Does anyone have any knowledge of Rambler paint options for a 1901 Model 41?
I'm hoping to see this machine on Saturday and my friend is keen to paint it soon.
Thanks, 
Darren.


----------



## dnc1 (Aug 31, 2019)

Here are some images of my friends Rambler, as seen this morning. It's basically been painted green all over. He's going to get the frame blasted and then re paint, still looking for help re colour schemes.
The hub came with it, can anyone help identify it please.
Thanks, 
Darren.


----------



## corbettclassics (Aug 31, 2019)

I only have the 1900 catalogue which is the closest to yours. I would think it didn't change but you never know.

Here is what they say:


----------



## dnc1 (Aug 31, 2019)

corbettclassics said:


> I only have the 1900 catalogue which is the closest to yours. I would think it didn't change but you never know.
> 
> Here is what they say:
> 
> ...



Many thanks.


----------



## GiovanniLiCalsi (Oct 13, 2019)

corbettclassics said:


> I only have the 1900 catalogue which is the closest to yours. I would think it didn't change but you never know.
> 
> Here is what they say:
> 
> ...



What is the difference between the 1901 Model 41 and the Model 43?
And we’re there 2 different types of saddle posts offered?
This photo has the saddle chassis clamp built into the post(not my Rambler). My previous photos of mine has a standard post.


----------



## GiovanniLiCalsi (Oct 27, 2019)

Seat post


----------



## GiovanniLiCalsi (Dec 31, 2019)

Anyone know the difference in the 41 and 43 Rambler models?


----------



## Andrew Gorman (Dec 31, 2019)

The hub came with it, can anyone help identify it please. 
The hub looks like an early Pope coaster hub, ca. 1903 or so


----------



## dnc1 (Jan 3, 2020)

Andrew Gorman said:


> The hub came with it, can anyone help identify it please.
> The hub looks like an early Pope coaster hub, ca. 1903 or so



@Andrew Gorman, I posted a separate thread re. this mystery hub.
@Barnegatbicycles nailed it, identifying it as a 1903 ABC 2-speed coaster. It's going to require a little work to make it useable. 
My friend has built up a nice rideable wheelset, using an early Eadie coaster hub and period English front hub with some very old English Westwood rims in 28" size.
He's had them shot-blasted and repainted black.
Here's the latest photo I have from a week ago.....

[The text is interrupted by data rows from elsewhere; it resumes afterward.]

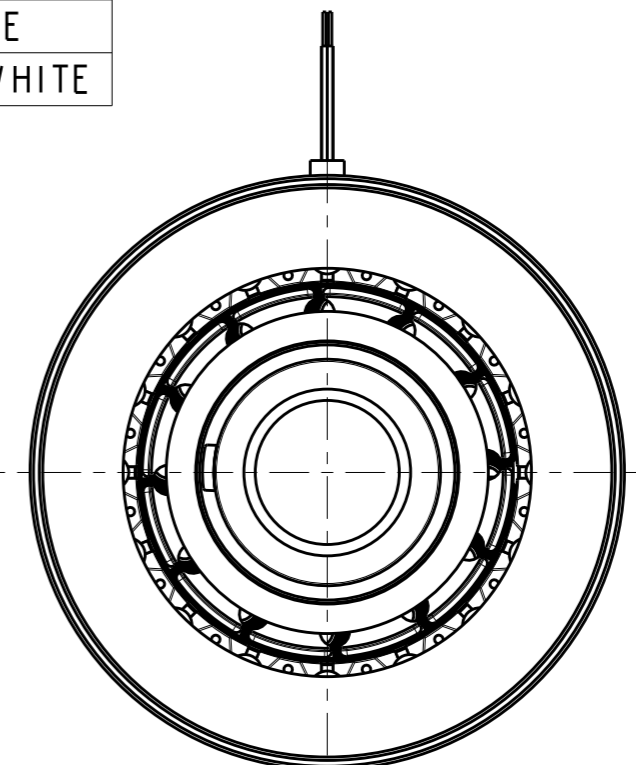

1	2367321-1	Rotor kpl. / Bauform B1 (12N)	2
1	2362402-1	Gehäuse kpl. / Bauform T1	1
2358691-1	PARTNUMBER	DESCRIPTION	ITEM NO
REVISION OF EACH ASSY NO. (WHEN BLANK, USE DWG. REVISION)			
PARTS LIST			

P	LTR	DESCRIPTION	DATE	DWN	APVD
A		ECR-19-014208	04FEB2020	GK	OD

Signal	conductor colouring
S1(COS+)	RED
S2(SIN+)	YELLOW
S3(COS-)	BLACK
S4(SIN-)	BLUE
R1(REF+)	RED-WHITE
R2/R3(REF-)	YELLOW-WHITE

Die angegebenen Aderpaare sind einmal auf 25mm  
 verseilt : blau und gelb / rot und schwarz /  
 rotweiss und gelbweiss

The specified cable pairs are twisted once at 25mm :  
 blue and yellow / red and black /  
 red-white and yellow-white

Resolverstator u.-rotor nur paarig verwenden ! Use only paired stator and rotor !

- 1 Gesamtschlag im eingebauten Zustand  
concentricity in installed situation
- 2 Axialversatz  
axial displacement

RESOLVER C 23135-A280-A132

DIMENSIONS WITHOUT TOLERANCES : DIN ISO 2768-m

THIS DRAWING IS A CONTROLLED DOCUMENT.		DWN 23SEP2019 GOPALAKRISHNA HV			
DIMENSIONS: mm		CHK 23SEP2019 SARFRAZ BILAL			
TOLERANCES UNLESS OTHERWISE SPECIFIED:		APVD 23SEP2019 ONDREJ DUSAN		NAME Massbild Hohlwellendrehmelder Dimensional Drawing Resolver V23401-T1071-B101	
0 PLC ±		PRODUCT SPEC		SIZE CAGE CODE DRAWING NO RESTRICTED TO	
1 PLC ±		APPLICATION SPEC		A3 00779 C-2358691 -	
2 PLC ±		WEIGHT		SCALE 2:1 SHEET 1 OF 1 REV A	
3 PLC ±		CUSTOMER DRAWING			
4 PLC ±					
ANGLES ±°					
MATERIAL					
FINISH					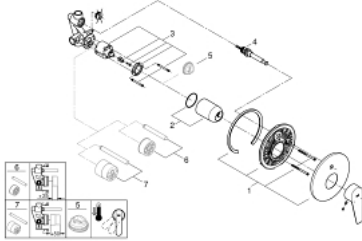

BAUEDGE 29 079 001 خلاط البانيو المزود بمقبض فردي مقاس 1/2 بوصة

وصف المنتج

• اللون: كروم

• تركيب مخفي

• مجموعة للتركيب النهائي

• rough-in set for wall mounted bath mixer

• قلب سيراميك GROHE SmoothControl 46 مم

## BAUEDGE 29 079 001 خلاط البانيو المزود بمقبض فردي مقاس 1/2 بوصة

الآن - 2018 ريمتس، قطع الغيار

1: غطاء مثقوب من المنتصف (رقم الطلب: 46905000)

2: غطاء (رقم الطلب: 09038000)

3: خرطوشة (رقم الطلب: 46048000)

I think it's looking pretty good.

Can anyone help re. a suitable chain for this machine, would a roller chain be suitable for a 1901 Rambler?
Anyone got a spare chain for sale? PM me please. 

Can't wait to see it rolling.


----------



## Barnegatbicycles (Jan 3, 2020)

GiovanniLiCalsi said:


> Anyone know the difference in the 41 and 43 Rambler models?



41 is the lightweight model and has the cut out lug. 43 no cut out.


----------



## Barnegatbicycles (Jan 3, 2020)

Model 41 not mine


----------



## GiovanniLiCalsi (Jan 4, 2020)

Barnegatbicycles said:


> Model 41 not mine
> 
> View attachment 1118558
> 
> ...



Thanks!


----------